The firm's problem can now be stated as: choose continuously differentiable functions $I(t)$ and $K(t)$ for $t \in [0,\infty)$ to maximize the discounted value of profits over the infinite horizon,
$$
\int_{0}^{\infty} e^{-rt} [K(t)^{\alpha} - I(t) - (\phi/2)I(t)^{2}] \, \mathrm{d}t,
$$
subject to the capital accumulation constraint (3) for all $t \in [0,\infty)$, taking the initial capital stock $K(0)>0$ as given.
\begin{description}
\item a. Define (write down) the maximized Hamiltonian for this problem.
\item b. Now write down the first-order condition and the pair of differential equations that, according to the maximum principle, are necessary conditions for the values of $I(t)$ and $K(t)$ that solve the firm's infinite-horizon problem.
\item c. Your results from part (b) above should take the firm of a system of three equations in three unknowns. Use one of these equations to eliminate one of the variables -- the additional variable that you introduced into the problem in defining the Hamiltonian and that corresponds to the Lagrange multiplier on (3) that would appear in the optimality conditions if you had derived them using the method of Lagrange multipliers instead -- to rewrite the system as one involving two equations in two unknowns: investment $I(t)$ and the capital stock $K(t)$.
\item d. Using your results from part (c) above, write down a set of two equations that determine the optimal steady-state values $I^{*}$ for investment and $K^{*}$ for the capital stock (\emph{Note:} it will not be possible to actually solve these equations for $I^{*}$ and $K^{*}$ algebraically; if you want to find these steady-state values you would have to assign numerical values to each of the model's parameters and then use a calculator or a computer to find the corresponding numerical values of $I^{*}$ and $K^{*}$).

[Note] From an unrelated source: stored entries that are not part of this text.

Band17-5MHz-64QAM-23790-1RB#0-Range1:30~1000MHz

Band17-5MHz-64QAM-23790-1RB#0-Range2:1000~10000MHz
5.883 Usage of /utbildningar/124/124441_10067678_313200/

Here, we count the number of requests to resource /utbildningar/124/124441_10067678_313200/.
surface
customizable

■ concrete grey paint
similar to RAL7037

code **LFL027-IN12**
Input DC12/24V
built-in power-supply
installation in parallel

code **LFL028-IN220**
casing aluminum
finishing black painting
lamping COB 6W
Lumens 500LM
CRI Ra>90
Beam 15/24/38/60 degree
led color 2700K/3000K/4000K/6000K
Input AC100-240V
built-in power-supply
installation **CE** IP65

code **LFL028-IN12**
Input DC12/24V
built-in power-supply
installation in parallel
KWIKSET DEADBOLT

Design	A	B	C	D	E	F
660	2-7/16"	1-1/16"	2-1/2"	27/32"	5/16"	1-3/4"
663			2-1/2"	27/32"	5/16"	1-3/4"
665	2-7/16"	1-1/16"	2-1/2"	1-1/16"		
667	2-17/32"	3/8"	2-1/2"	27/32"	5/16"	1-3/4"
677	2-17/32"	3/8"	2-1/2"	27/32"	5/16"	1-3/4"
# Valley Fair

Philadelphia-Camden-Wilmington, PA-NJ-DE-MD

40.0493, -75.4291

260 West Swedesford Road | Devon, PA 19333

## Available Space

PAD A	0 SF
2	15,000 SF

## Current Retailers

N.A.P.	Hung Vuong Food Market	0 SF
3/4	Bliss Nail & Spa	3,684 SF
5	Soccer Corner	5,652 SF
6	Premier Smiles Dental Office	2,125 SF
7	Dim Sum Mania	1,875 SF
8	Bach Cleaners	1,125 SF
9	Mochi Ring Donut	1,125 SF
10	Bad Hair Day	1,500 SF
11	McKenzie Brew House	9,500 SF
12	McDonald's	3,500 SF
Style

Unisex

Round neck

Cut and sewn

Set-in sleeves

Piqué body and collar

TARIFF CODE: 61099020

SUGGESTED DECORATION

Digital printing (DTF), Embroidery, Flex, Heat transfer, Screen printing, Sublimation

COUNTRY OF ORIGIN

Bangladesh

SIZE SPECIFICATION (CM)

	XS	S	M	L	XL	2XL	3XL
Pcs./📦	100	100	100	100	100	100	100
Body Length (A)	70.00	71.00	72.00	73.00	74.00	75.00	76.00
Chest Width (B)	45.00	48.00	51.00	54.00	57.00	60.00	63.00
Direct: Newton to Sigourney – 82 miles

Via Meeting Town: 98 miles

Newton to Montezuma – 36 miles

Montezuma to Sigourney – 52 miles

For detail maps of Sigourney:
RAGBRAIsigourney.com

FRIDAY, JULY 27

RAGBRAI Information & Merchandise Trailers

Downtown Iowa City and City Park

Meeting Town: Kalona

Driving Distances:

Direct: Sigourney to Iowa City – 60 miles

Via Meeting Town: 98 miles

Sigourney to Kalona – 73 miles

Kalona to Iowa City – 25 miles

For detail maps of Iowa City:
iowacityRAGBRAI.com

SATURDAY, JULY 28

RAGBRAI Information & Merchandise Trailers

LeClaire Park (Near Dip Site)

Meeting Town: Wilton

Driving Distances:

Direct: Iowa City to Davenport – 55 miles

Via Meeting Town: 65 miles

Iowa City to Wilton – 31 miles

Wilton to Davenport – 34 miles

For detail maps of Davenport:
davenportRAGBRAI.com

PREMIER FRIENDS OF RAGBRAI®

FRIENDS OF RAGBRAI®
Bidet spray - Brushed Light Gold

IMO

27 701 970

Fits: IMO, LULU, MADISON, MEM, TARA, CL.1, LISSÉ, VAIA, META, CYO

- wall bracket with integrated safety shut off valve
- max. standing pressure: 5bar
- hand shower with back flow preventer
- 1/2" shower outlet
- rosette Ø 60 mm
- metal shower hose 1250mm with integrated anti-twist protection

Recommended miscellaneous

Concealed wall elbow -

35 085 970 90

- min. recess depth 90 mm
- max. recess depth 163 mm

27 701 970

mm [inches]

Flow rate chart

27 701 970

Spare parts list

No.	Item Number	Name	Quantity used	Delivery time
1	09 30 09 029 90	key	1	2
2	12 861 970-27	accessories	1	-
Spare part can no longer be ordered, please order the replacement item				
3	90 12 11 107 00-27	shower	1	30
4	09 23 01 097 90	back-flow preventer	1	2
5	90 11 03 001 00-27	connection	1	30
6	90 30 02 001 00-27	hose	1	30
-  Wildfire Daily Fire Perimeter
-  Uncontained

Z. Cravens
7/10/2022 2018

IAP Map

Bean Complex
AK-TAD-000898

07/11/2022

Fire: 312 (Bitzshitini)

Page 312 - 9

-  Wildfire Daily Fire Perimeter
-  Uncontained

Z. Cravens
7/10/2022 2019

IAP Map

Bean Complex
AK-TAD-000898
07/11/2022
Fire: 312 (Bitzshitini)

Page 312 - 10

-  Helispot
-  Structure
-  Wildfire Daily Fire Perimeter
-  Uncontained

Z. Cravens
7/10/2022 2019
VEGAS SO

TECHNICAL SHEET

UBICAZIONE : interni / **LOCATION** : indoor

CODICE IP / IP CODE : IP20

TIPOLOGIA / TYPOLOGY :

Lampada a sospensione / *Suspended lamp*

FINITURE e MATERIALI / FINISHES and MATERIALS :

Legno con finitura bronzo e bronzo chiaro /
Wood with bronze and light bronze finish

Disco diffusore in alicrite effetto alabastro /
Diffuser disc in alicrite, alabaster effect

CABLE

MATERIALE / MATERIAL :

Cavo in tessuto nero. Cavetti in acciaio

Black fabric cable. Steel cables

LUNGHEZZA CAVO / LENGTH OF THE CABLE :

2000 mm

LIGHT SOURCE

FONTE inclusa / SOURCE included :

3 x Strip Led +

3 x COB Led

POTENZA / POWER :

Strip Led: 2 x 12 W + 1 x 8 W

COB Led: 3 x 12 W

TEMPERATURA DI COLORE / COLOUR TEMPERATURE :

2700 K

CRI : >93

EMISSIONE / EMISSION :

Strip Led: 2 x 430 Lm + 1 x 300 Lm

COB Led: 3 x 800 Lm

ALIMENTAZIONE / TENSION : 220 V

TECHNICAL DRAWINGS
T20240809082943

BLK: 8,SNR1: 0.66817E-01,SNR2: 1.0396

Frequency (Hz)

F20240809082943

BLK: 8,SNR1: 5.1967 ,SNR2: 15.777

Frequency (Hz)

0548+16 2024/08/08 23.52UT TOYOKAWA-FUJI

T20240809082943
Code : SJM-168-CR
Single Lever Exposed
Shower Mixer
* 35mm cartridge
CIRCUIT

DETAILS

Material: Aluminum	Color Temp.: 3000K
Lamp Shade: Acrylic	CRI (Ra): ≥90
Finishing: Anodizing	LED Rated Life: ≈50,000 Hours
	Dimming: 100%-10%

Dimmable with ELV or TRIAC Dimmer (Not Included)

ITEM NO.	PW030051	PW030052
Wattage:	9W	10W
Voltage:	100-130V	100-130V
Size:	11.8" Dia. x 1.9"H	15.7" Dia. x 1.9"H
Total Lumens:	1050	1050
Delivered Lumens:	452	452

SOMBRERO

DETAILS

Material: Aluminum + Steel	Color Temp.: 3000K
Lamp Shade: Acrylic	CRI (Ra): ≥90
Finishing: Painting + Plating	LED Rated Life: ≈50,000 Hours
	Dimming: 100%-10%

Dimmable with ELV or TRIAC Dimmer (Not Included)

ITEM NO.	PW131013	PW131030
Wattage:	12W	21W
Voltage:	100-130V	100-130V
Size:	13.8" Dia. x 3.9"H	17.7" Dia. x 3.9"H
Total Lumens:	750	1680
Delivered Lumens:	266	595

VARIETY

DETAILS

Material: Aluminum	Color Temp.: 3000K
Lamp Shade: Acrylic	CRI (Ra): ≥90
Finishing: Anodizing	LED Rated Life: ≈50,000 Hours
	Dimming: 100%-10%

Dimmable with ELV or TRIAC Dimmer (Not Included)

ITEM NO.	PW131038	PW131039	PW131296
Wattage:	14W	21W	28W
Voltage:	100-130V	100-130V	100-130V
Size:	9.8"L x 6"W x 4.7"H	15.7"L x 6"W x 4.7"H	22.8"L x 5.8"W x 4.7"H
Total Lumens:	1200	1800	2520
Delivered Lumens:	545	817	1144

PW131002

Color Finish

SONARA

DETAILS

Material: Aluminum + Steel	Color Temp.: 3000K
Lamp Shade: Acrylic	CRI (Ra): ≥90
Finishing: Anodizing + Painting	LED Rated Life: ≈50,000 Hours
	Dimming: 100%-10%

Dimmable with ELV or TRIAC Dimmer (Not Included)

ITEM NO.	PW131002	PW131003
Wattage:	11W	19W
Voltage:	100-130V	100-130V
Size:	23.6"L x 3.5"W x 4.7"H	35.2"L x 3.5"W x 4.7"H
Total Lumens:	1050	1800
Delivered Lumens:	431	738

\item e. Finally, use your results from above to draw a phase diagram that illustrates the following property of the solution to the firm's problem: starting from any value $K(0)>0$ for the initial capital stock, there is a unique value of investment $I(0)$ such that, starting from $I(0)$ and $K(0)$, the optimally-chosen paths for $I(t)$ and $K(t)$ converge to the steady-state values $I^{*}$ and $K^{*}$. In drawing this phase diagram, it may be helpful to note that while investment $I(t)$ can take on positive or negative values, depending on whether the firm is accumulating or selling off capital, the capital stock $K(t)$ itself must always remain positive when these variables are chosen optimally.